Work order: Retype, word for word, every line starting at the line with "27/12/2022**" and ending with the final line of the entries; skip the pictures.

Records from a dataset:
---

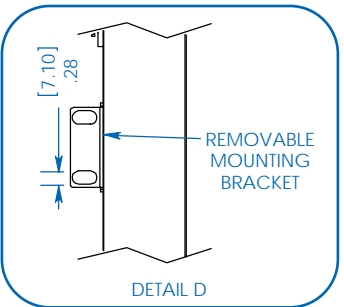

Tripp Lite has a policy of continuous improvement. Specifications are subject to change without notice.

- Distributes power to 48 outlets (12 C13, 2 C19 and 2 5-15/20R per phase)
- Displays input current for each phase in real time
- Perfect for rackmount server, network and telecom applications

**SEE NEXT PAGE FOR DETAILED UNIT MEASUREMENTS**

1111 W. 35th Street  
Chicago, IL 60609 USA  
773.869.1234  
www.tripplite.com

Dimensions: [mm] INCHES

Tripp Lite has a policy of continuous improvement. Specifications are subject to change without notice.
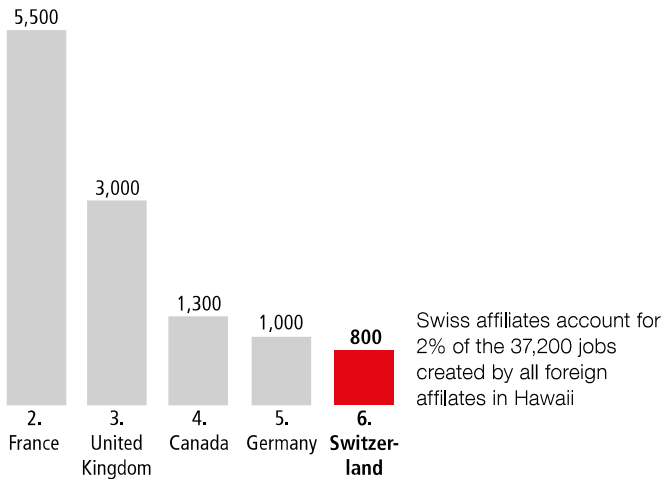

SWISS ECONOMIC IMPACT HAWAII

Employment Supported by Foreign Affiliates, 2016

Top Goods Exports by Industry from Hawaii to Switzerland, 2018

Total Hawaii Goods Exports to Switzerland \$1.4 M

Top Goods Imports by Industry from Switzerland to Hawaii, 2018

Total Hawaii Goods Imports from Switzerland \$22 M

Swiss Companies Located in Hawaii

- | | | | | | |
|-------------|-------------------|------------|-----------|------------|--------------|
| Bally | Hallmark Aviation | Nestlé | Swatch | Vacheron | Wahine Brand |
| Chubb (ACE) | Services | Publicitas | Swissport | Constantin | Zurich |
| gategroup | Jucker Hawaii | Schindler | UBS | | |
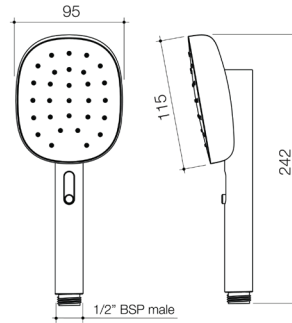

CONTURA II HANDSET

Chrome 849085C4A	Brushed Bronze 849085BBZ4A
Matte Black 849085B4A	Brushed Nickel 849085BN4A
Brushed Brass 849085BB4A	WELS 4 star rated (range E), 7.5L/min
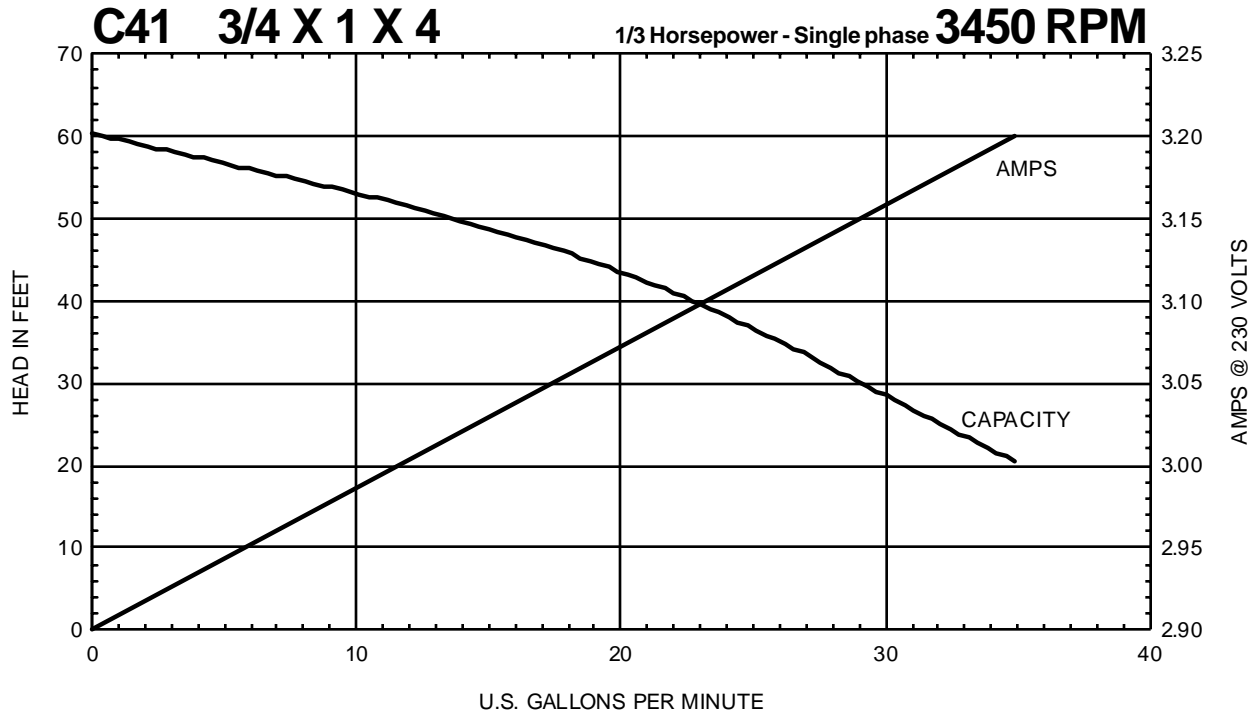

C SERIES

Performance Curves

MTH PUMPS

401 West Main Street • Plano, IL 60545-1436
Phone: 630-552-4115 • Fax: 630-552-3688
E-mail: Sales@MTHPumps.com
Web: www.MTHPumps.com
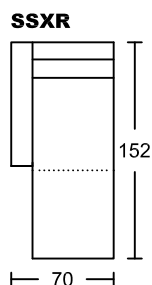

# METRO I 4032A-M1

## Designed by GIORMANI

此為簡易圖僅供參考基本資料之用。  
 梳化產品屬軟性產品，請預算每件產品  
 規格會有公差為+/-5 厘米之內。  
 詳情必須查詢店員。（單位：cm）

**The information is used for reference only.  
 The actual size of each piece of the product  
 should be subject to the discrepancies of +/-5cm.  
 Please check with our salespersons for further details.  
 27/12/2022**
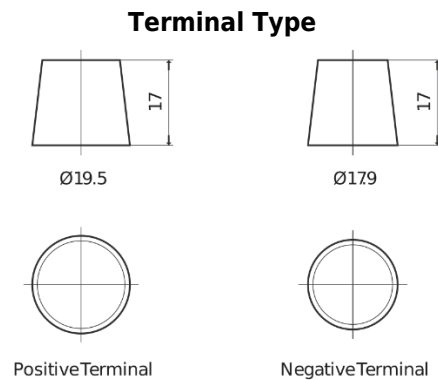

**Product overview**

Batteries for Marine and Leisure

**Dual ER350**

Part number	ER350
Technology	Flooded
EAN/GTIN	3661024036009
Voltage	12 V
Capacity	80 Ah
CCA	510 A
Watt hour	350 Wh
Length	270 mm
Width	173 mm
Height	222 mm
Box size	D26
Polarity	ETN 1
Terminal Type	EN taper post
Hold Down	Korean B1+B6
Weights (subject of variation)	17.40 kg

---

Result below:
 27/12/2022**

**Product overview**

Batteries for Marine and Leisure

**Dual ER350**

Part number	ER350
Technology	Flooded
EAN/GTIN	3661024036009
Voltage	12 V
Capacity	80 Ah
CCA	510 A
Watt hour	350 Wh
Length	270 mm
Width	173 mm
Height	222 mm
Box size	D26
Polarity	ETN 1
Terminal Type	EN taper post
Hold Down	Korean B1+B6
Weights (subject of variation)	17.40 kg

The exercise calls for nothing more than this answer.